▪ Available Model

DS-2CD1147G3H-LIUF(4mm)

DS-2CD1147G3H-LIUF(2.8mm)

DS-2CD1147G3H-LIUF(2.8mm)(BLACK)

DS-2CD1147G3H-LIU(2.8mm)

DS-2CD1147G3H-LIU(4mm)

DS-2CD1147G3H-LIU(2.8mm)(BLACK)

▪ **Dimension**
━━━
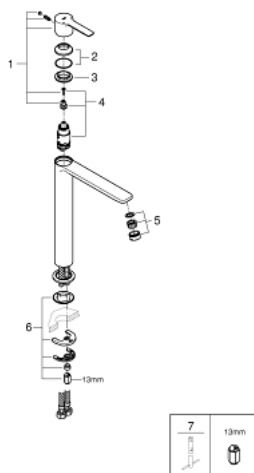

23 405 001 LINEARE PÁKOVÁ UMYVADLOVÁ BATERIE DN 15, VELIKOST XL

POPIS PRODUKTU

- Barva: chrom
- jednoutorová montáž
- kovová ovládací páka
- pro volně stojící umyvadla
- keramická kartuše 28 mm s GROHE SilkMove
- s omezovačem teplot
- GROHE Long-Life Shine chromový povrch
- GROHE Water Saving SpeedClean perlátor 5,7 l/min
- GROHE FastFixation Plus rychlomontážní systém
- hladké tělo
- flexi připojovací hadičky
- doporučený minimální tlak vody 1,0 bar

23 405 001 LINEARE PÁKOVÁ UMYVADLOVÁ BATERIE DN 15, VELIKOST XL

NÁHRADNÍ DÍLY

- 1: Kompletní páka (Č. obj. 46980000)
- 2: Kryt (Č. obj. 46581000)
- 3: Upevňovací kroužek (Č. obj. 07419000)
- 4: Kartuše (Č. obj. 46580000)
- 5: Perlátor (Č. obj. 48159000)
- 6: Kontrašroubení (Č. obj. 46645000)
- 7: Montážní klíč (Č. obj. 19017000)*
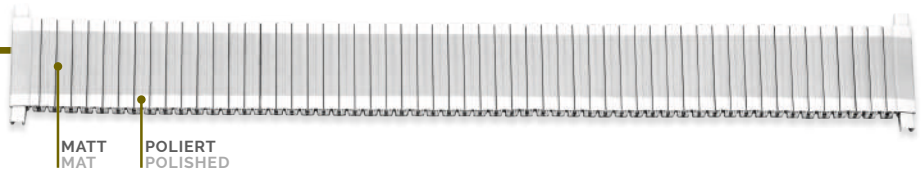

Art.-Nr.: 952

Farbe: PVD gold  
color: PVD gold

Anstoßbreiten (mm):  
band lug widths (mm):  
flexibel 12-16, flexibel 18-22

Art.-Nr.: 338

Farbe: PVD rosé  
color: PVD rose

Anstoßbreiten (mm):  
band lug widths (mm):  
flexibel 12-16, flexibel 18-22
━━━
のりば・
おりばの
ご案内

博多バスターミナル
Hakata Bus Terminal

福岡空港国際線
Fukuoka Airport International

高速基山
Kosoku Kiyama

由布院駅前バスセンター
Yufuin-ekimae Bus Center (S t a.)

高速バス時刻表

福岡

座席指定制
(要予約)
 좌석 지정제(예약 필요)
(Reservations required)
━━━
Task item:
For this data, state how many lines include the word "páka", with nothing added.

Task response:
2